Elafibranor (Iqirvo) is for treatment of primary biliary cholangitis (PBC) in combination with ursodeoxycholic acid (UDCA) in adults who do not respond adequately to UDCA or as monotherapy in patients unable to tolerate UDCA.

PBC is a rare, chronic cholestatic liver disease that destroys interlobular bile ducts and leads to cholestasis and liver fibrosis.

Left untreated, the disease can worsen over time, leading to cirrhosis and liver transplant and, in some cases, premature death.

PBC also harms quality of life, with patients often experiencing severe fatigue and pruritus.

Elafibranor, an oral dual peroxisome proliferator–activated receptor (PPAR) alpha and delta agonist.

Among 161 patients, a biochemical response was seen in 55 of 108 (51%) who received elafibranor vs 2 of 53 (4%) who received placebo.

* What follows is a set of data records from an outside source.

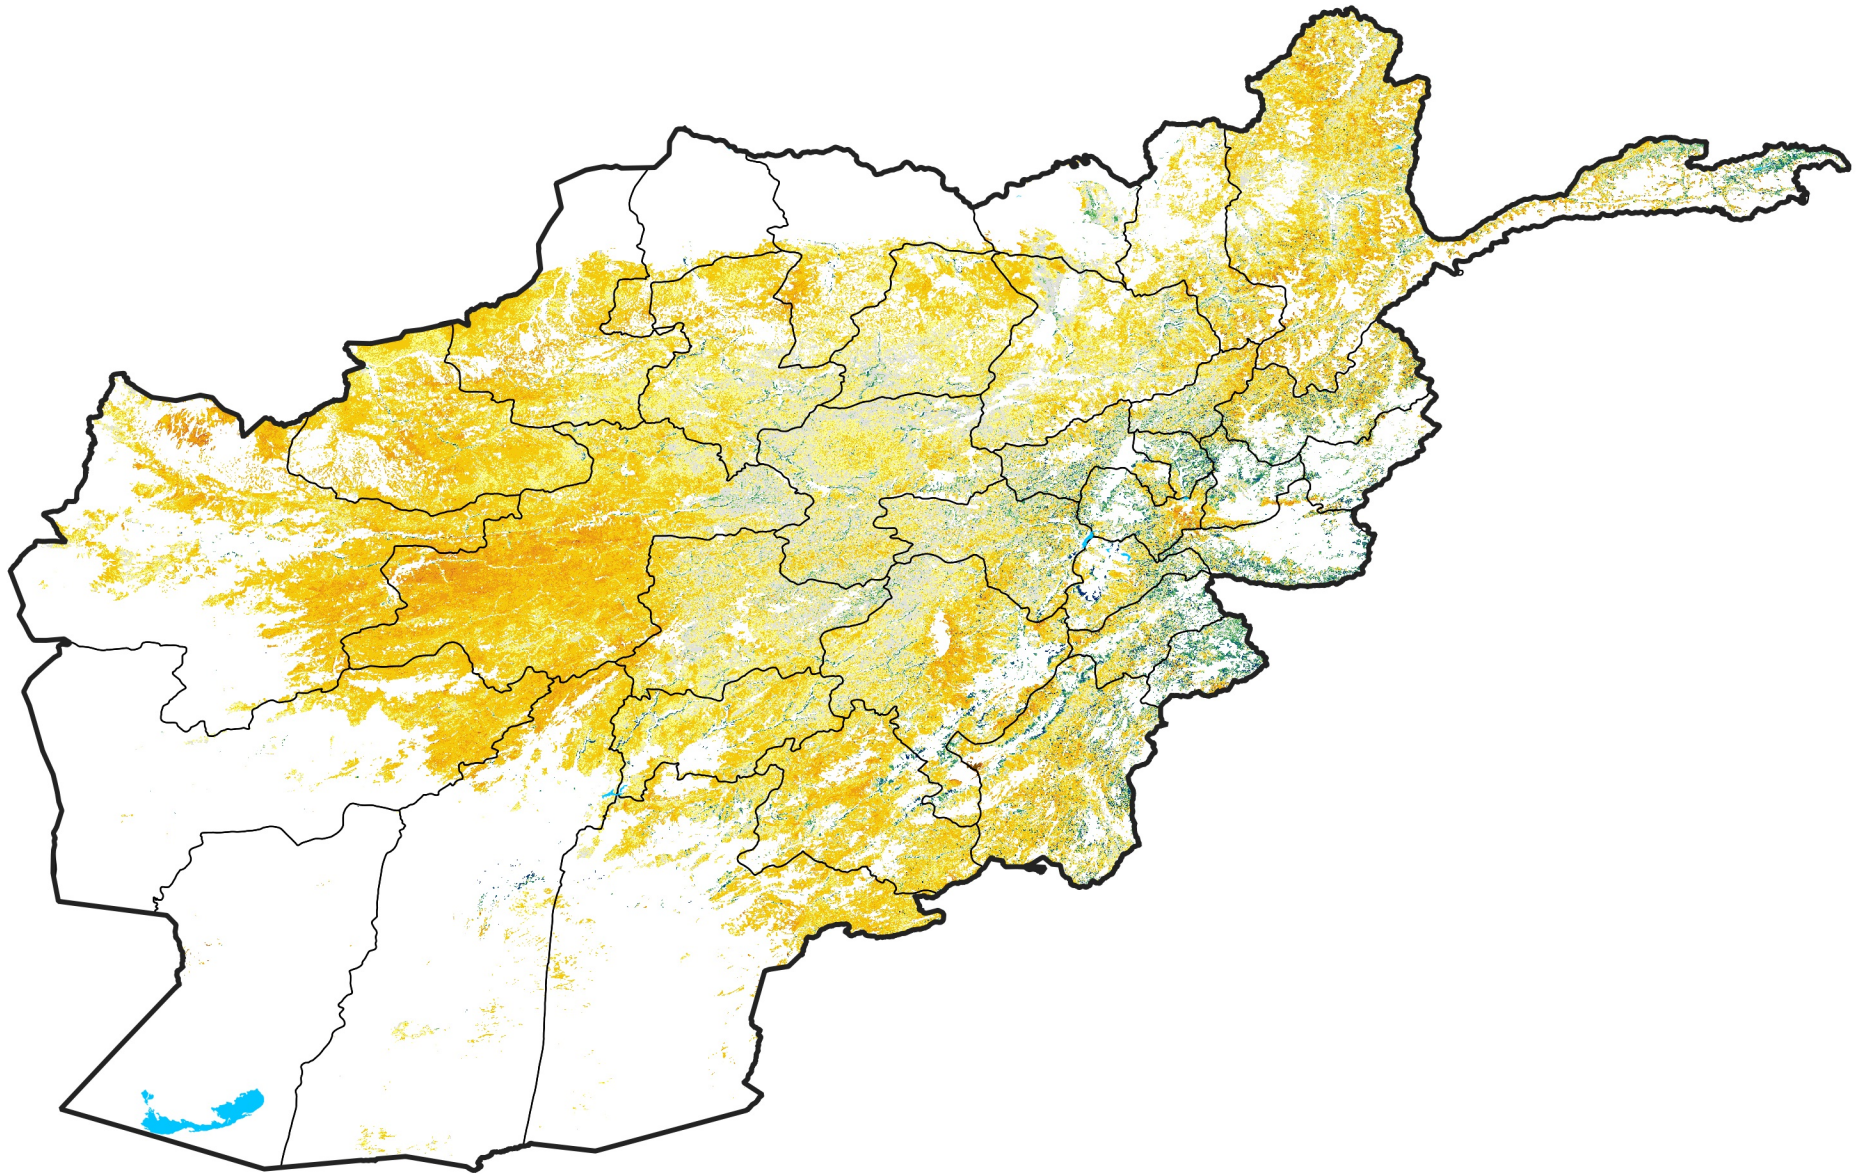

Afghanistan Rangeland Agricultural Areas

Percent of Mean NDVI

2021 / mean (2003 - 2022)

Period 24 / August 21 - 31, 2021

Percent of Normal
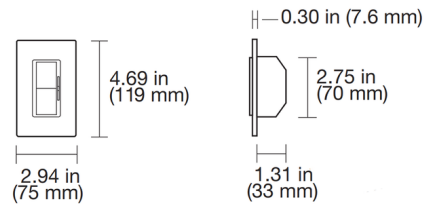

By Lutron

Description

The Diva 3-Wire LED/Fluorescent Ballast Dimmer features a large on/off paddle switch with a linear slide for dimming. for use on single pole/3-way wiring systems. 120V: 8 Amp. 277V: 6 Amp. Features a locator light. Nightlight is best visible with light color finishes. Designed for use with Lutron Hi-Lume, Hi-Lume 3D and EcoSystem ballasts and Hi-Lume A-Series LED drivers. Note: Designer wall plates sold separately.

Shown in gloss grey

Specifications

COLOR	N/A
BODY FINISH	Gloss Grey
WATTAGE	1000W
DIMMER	N/A
DIMENSIONS	2.94"W x 4.69"H x 1.31"D
BULB	N/A
COUNTRY OF ORIGIN	United States

CLICK TO VIEW PRODUCT

Notes:
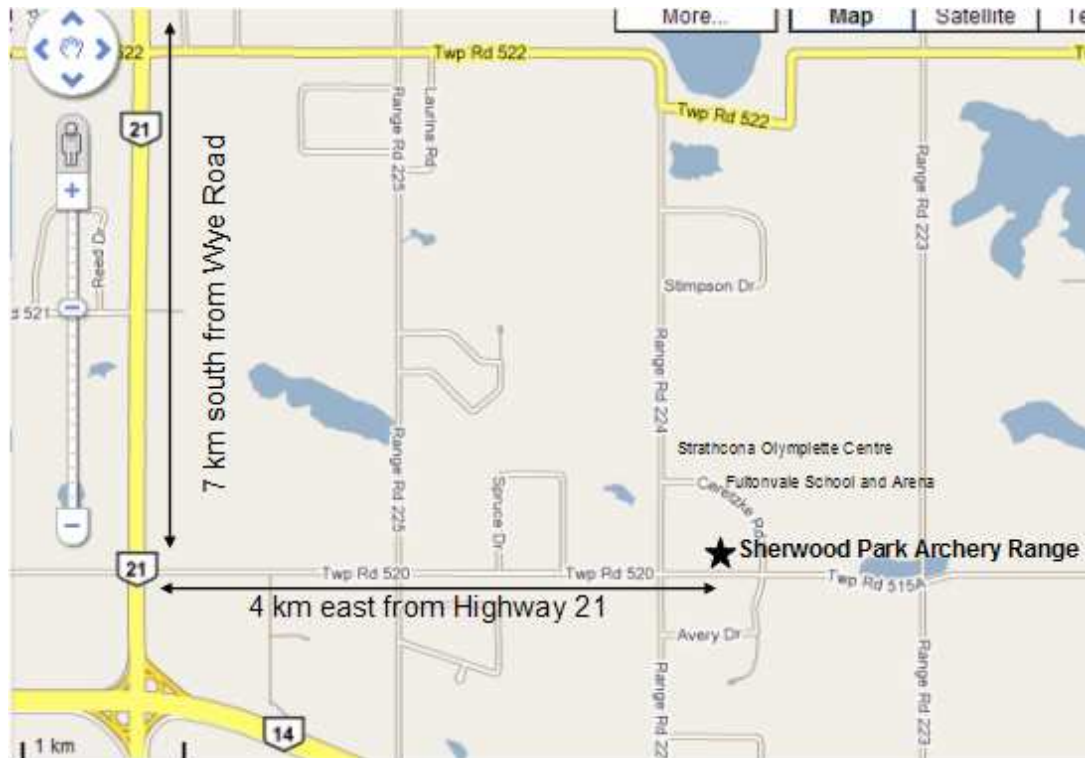

Sherwood Park Archery Club

2009/10 Junior Archery Program

The SPAC Junior Archery Program offers young archers under the age of 18 an opportunity to learn and improve their shooting skills and knowledge. The program provides instruction and coaching for all levels of young archers. The SPAC Junior Program consists of approx 20 Indoor Classes and four Outdoor classes between October and June. The program also includes archery events to provide Junior Archers with competitive target and 3D experience and three fun archery events.

Junior Program classes and events are held on Saturday Mornings between 9:00 AM and 12:00 PM. Indoor Classes are 90 minutes in length and begin at either 9:00 AM or 10:30 AM. The program moves outdoors in May with a combined class beginning at 10:00 AM.

- Cost for the program is $60 per junior plus Club Membership fee of $110
- The program begins indoors on Oct 3
- Indoor classes are held at the Sherwood Park Archery Lanes
  - 429 Sioux Road, Sherwood Park
- The outdoor part of the program is held in May at the Sherwood Park Outdoor Archery Range
  - Located on TWP Rd 520, just east of Range Road 224 in Strathcona County
  - 7km south of Sherwood Park, 4km east of Highway 21

**Registration for the 2009/10 Junior Program is on Sept 26, 2009, 10AM – Noon
@ The Sherwood Park Outdoor Archery Range – See map below**
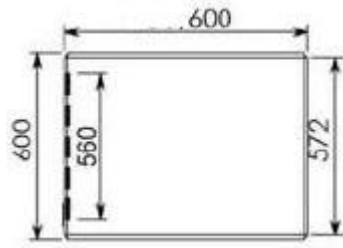

**DN-19 22-U-6/6**

**Width: 600mm**  
**Depth: 600mm**  
**Units (44,45mm): 22**

Explode View

## Front View

inside height (h): 1006,3mm  
outside height (H): 1131,4mm

## Side View

## Top View

All dimensions in mm.
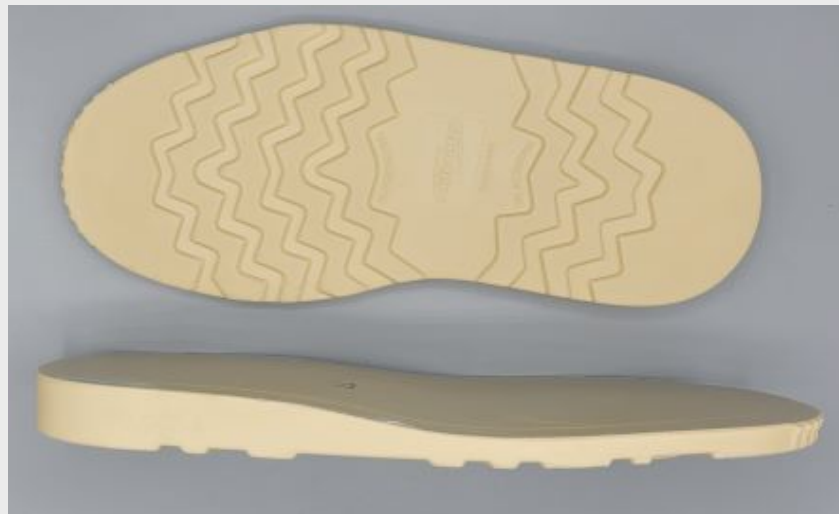

VELOCIRAPTOR-F

Prices effective with orders
received on or after
January 1, 2024

Sizes 6-14 Whole + 16, 18

Maxum-Lite ML308

12 pair per Box

Removable logo slug option

Molded in Standard Colors with Adhesive Film

Sz 6	$8.74	Sz 12	$10.02
Sz 7	$9.02	Sz 13	$10.16
Sz 8	$9.33	Sz 14	$10.39
Sz 9	$9.44	Sz 16	$10.98
Sz 10	$9.61	Sz 18	$11.19
Sz 11	$9.84
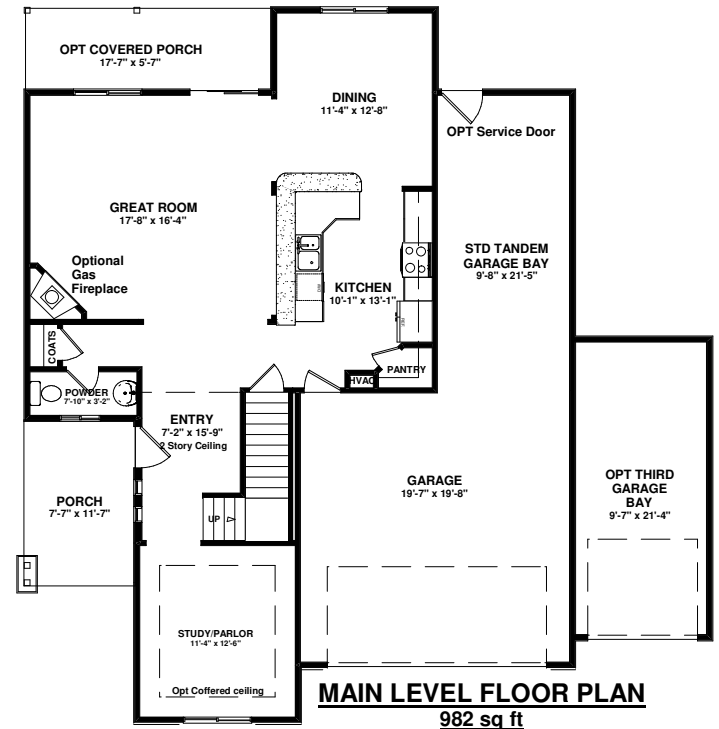

JACKSON

Plan # 2396TS

2,396 sq ft

**FLEXIBLE FOUR BEDROOM
w/STD MASTER RETREAT**

LOFT AREA

2 1/2 BATHS 5 PC MASTER

LAUNDRY UP

OPEN LIVING w/GRAND FOYER

SAINT AUBYN HOMES

Floor plans shown are not to scale. Plans are subject to change without notice due to code changes and availability of materials. Some features shown are optional. Verify accuracy and revisions with sales personnel prior to purchase.

At week 52, the ALP level normalized in 15% of patients in the elafibranor group and none of the patients in the placebo group.

Improvement in survival and prevention of liver decompensation events have not been demonstrated and that continued approval for PBC may be contingent upon verification and description of clinical benefit in confirmatory trials.

The most common adverse effects with Iqirvo, reported in ≥ 10% of study participants, were weight gain, abdominal pain, diarrhea, nausea, and vomiting.

Elafibranor is not recommended for people who have or develop decompensated cirrhosis.

Elafibranor is an effective second-line treatment for patients with PBC with favorable benefit and risk data,.